Value-added data provision
What role does collaboration play in productising public sector data? Large-scale data providers like the US Census Bureau, have enormous, complex and often inaccessible data assets. Supporting value by design with organisations across the globe, Wolf takes an aerial view of their entire data ecosystem. Whilst this can first appear opaque, Wolf tells us that it all starts by looking at the diverse needs of data recipients to build an informed view of how to optimise the entire system.
“Most departments have a mandate to make data accessible and useful, but the model of providing opaque, uniform data to stakeholders with diverse needs is changing to a more bespoke approach that is adding value to the user experience. We can understand this as data productisation,” Wolf explained.
“No one wants your pile of data,” Wolf joked. An interactive dashboard with built-in explainability is probably more suited to citizens that want answers to specific questions.
Departments with data science teams like the Office for National Statistics (ONS) are more likely to prefer a data deluge where they can track the movement and consumption of data across departments in real-time.
Whether sold or not, viewing data as a 'product,' positions it within a system-wide value chain, with an obligation for it to meet higher accessibility standards based on the ‘customer’. This sets the stage for data to yield a return on investment.
User-centricity and privacy-compliance. Two sides of the same coin?
Constructing data in the form of a bespoke product for end-users is also helping organisations address some of the historical barriers to data sharing, with tools like data cleaning rooms rapidly advancing the possibility of a data sharing environment with built-in privacy compliance.
“For a long time, there was a distinct tension between the need for transparency and insight and the need to protect sensitive data,” Wolf reflected. Opting for arduous, manual data cleaning has meant waiting on answers to important analytical questions that required cross-government data sharing. In the medium term, this lag has inhibited the need for a proactive, evidence-driven government.
However, Wolf observes that there are a growing number of use cases where technologies are facilitating multi-party collaboration, allowing the bespoke data requirements of stakeholders to be met, whilst still being able to curtain sensitive data to your recipient.
“We collaborate with government bodies to understand what the core issues are that recipients aim to solve by accessing certain data.
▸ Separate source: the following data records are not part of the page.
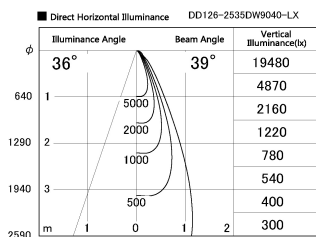

Item no. DD126-2535DW9040-LX

Series Name: Cledy versa L-G Antiglare  
(DD126\_AG-LX)

Dark Mirror Reflector

Installation	Recessed mount
Type	Cledy versa L-G Antiglare (DD126_AG-LX)
Fixture wattage	24W
Beam angle	38deg
Color Temp.	4000K
CRI	Ra>90
Luminous	2063 lm
Body	Die-cast aluminum alloy
Body finish	N/A
Trim finish	White
Reflector finish	Dark Mirror
IP Rate	IP20
Light source	COB module
Input Voltage	AC220~240V
Dimming Type	Non-Dimmable
Certificate	CE,CCC
Cut Hole	125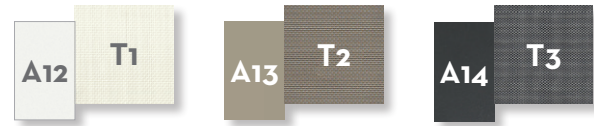

EXTENDING CERAMIC DINING TABLE 160X95 / CODE: MLOTPCER160

DINING ARMCHAIR/ CODE: MLOTXPP

EXTENDING CERAMIC DINING TABLE 200X100 / CODE: MLOTPCER200

BENCH / CODE: MLOALUPAN

EXTRA CERAMIC PANEL 60X100 / CODE: MLOCEREXT Only for extending table 200x100

SUNBED / CODE: MLOALULET

FLOOR LAMP 01 / CODE: MLOLO1

FLOOR LAMP 02 / CODE: MLOLO2

FLOOR LAMP 03 / CODE: MLOLO3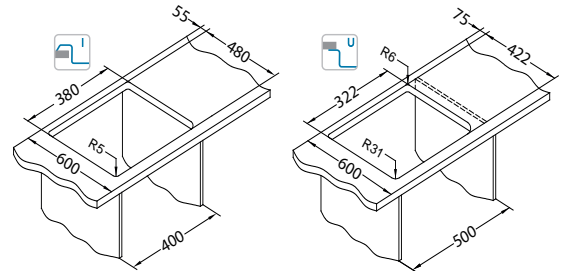

Installation*:

*U - installation into a cabinet with mask by means of undermounting set 1135533 (not enclosed).

Atrox 20

Size: 470 x 500 mm
Bowl dimensions: 390 x 340 x 195 mm

surface	code	type	waste	Ø35 mm	*packing	*SRP €/pcs	Special offer
G11-arctic	1131986	single	3 1/2"	1x	carton 1 / 18	234,90 €	
G81-concrete	1131989	single	3 1/2"	1x	carton 1 / 18	234,90 €	
G22-terra	1131987	single	3 1/2"	1x	carton 1 / 18	234,90 €	
G55-beige	1131988	single	3 1/2"	1x	carton 1 / 18	234,90 €	
G91-carbon	1131990	single	3 1/2"	1x	carton 1 / 18	234,90 €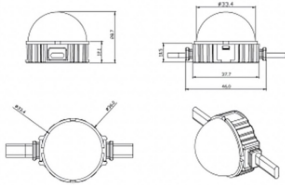

### Dot

Lavov Pixel light from the family DOT with a power of 1,44 W and RGB color. Beam angle 120 degrees. Made in die cast aluminium and PC cover. Driver not included. Controlled by DMX512 protocol. Transparent dome. Not include driver.

<b>Item code</b>	<b>86.OP01.2010.01</b>
<b>Product type</b>	<b>Outdoor</b>
<b>Category</b>	<b>Pixel Light</b>
<b>Family</b>	<b>Dot</b>

### Product

<b>Real power (W)</b>	<b>1.44</b>
<b>Real luminous flux (Lm)</b>	<b>25.83</b>
<b>Beam angle (°)</b>	<b>99.78</b>
<b>IP</b>	<b>66</b>
<b>Colour</b>	<b>white</b>
<b>Control gear included</b>	<b>NOT</b>
<b>Light source</b>	<b>LED</b>
<b>Type of LED</b>	<b>6 CREE SMD</b>
<b>Average life time (h)</b>	<b>80000h L70B10</b>
<b>Colour temperature (K)</b>	<b>RGB</b>
<b>Colour consistency (SDCM)</b>	<b>SDCM&lt;3</b>

This approach enables us to provide valuable insights while preserving sensitive identifiers. Data productisation helps us understand the recipient's needs, which in turn, helps us determine which elements we can conceal, transforming raw data into a tailor-made, privacy-compliant solution.”
With the construct of productised data sharing in place, Wolf elaborated on how to use this as a foundation to monetise those data assets with the private sector whilst maximising departmental resource allocation.
Commercialising data assets through public-private collaboration
Gone are the days of departments relying on the ONS as the exclusive source of data expertise. With departments improving their data infrastructure, capabilities and literacy, the ONS’ role is increasingly less centred around being an intermediary data-cleaning service for other departments. Wolf observed that this decentralisation of expertise has meant that departments have greater bandwidth to optimise their data resources through new ways of working with the private sector.
“In the last few years, we’ve seen an opportunity open up where governments can begin commercialising their data. Previously, bespoke data products built off of aggregate data was a service monopolised by private actors but since the tension between insight and privacy has been addressed by technologies like data cleaning rooms, governments can now vertically integrate and start to profit from the data they are sourcing and storing.”
Enhancing the value of data assets can foster creative solutions for pressing national concerns. In sectors like energy, where private companies play a significant role in service provision, there's an opportunity for businesses to leverage public sector data to develop premium data products for the private sector. As Wolf underlined, these businesses could then pass on the resulting benefits to citizens directly through reduced utility bills, bringing the benefits of system-thinking and collaboration directly to citizens.
The virtuous cycle of data-driven budget allocation
But the opportunities of data productisation to make money go further aren’t confined to private-public partnerships. Attaching quantifiable value to the department's data products opens a host of opportunities for departments to communicate the value of their data provision, allowing for a more strategic view of budget allocation.
“Modern data platforms are going beyond simply showing the number of downloads, but are actually providing consumption metrics about what queries are being made against specific data points. We’re seeing agencies use these metrics to argue for more budget, which they can reinvest in bespoke data products to drive a virtuous cycle.”
By attaching quantifiable value to data products, departments can demonstrate the significance of their data provision and secure additional resources for reinvestment. This data-driven approach fosters a virtuous cycle of continuous improvement, shifting away from linear, unspecialised data sharing towards an enriched data ecosystem that can be reinforced by top-down direction.